BEGIN

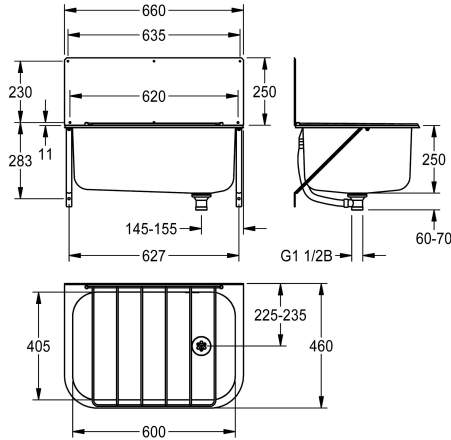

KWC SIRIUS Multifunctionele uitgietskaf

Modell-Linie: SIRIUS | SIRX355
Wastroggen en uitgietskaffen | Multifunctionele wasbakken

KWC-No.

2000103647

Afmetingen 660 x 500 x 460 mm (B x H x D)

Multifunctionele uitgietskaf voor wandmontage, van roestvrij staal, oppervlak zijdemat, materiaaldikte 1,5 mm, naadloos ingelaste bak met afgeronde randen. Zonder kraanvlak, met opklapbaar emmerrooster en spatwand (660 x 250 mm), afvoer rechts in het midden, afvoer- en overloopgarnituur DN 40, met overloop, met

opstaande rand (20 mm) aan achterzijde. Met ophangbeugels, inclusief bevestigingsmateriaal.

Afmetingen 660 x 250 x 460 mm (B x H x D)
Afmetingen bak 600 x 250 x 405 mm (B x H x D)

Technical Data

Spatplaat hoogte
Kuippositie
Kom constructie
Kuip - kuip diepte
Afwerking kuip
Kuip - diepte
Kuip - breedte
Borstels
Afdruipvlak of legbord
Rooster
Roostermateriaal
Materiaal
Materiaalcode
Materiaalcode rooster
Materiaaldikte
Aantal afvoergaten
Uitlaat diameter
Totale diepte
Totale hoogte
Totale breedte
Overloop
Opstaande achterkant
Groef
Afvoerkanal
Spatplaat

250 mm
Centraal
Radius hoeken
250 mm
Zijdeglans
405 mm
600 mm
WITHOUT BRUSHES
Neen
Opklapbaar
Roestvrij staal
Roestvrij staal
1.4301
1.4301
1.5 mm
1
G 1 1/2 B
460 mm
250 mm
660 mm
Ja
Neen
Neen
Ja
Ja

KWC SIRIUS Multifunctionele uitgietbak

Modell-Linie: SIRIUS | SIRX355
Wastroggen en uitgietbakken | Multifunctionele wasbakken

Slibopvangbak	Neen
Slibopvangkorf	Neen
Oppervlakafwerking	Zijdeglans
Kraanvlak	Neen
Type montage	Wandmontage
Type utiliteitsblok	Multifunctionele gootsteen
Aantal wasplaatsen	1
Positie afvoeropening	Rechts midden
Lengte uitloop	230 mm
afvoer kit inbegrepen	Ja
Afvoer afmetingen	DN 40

END
BEGIN

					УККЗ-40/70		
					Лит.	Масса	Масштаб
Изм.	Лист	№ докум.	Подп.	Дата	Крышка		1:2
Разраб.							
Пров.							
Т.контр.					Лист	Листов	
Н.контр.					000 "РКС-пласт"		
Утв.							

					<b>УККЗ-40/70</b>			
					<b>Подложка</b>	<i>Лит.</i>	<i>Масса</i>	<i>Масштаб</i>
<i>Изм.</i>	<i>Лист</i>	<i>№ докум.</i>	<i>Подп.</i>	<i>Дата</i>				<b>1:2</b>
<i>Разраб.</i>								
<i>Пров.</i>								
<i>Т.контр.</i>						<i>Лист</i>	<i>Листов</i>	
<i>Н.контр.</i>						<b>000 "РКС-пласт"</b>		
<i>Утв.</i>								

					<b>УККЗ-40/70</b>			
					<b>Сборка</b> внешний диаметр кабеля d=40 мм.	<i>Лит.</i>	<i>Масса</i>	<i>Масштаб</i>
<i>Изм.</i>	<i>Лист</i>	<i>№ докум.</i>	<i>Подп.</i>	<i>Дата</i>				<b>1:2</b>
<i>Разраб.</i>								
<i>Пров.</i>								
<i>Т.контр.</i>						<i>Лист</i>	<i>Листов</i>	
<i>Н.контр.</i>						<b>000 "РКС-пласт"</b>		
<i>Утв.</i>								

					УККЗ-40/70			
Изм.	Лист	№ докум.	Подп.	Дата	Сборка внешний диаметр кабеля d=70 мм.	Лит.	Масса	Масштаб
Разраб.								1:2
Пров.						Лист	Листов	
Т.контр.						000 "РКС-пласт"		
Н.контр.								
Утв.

END

▸ Task objective
In the listing above, find the line containing "KWC SIRIUS Multifunctionele uitgietskaf" and the line containing "Multifunctionele uitgietskaf voor", then quote both, plus every line between them, exactly as written.

▸ Output for this task
KWC SIRIUS Multifunctionele uitgietskaf

Modell-Linie: SIRIUS | SIRX355
Wastroggen en uitgietskaffen | Multifunctionele wasbakken

KWC-No.

2000103647

Afmetingen 660 x 500 x 460 mm (B x H x D)

Multifunctionele uitgietskaf voor wandmontage, van roestvrij staal, oppervlak zijdemat, materiaaldikte 1,5 mm, naadloos ingelaste bak met afgeronde randen. Zonder kraanvlak, met opklapbaar emmerrooster en spatwand (660 x 250 mm), afvoer rechts in het midden, afvoer- en overloopgarnituur DN 40, met overloop, met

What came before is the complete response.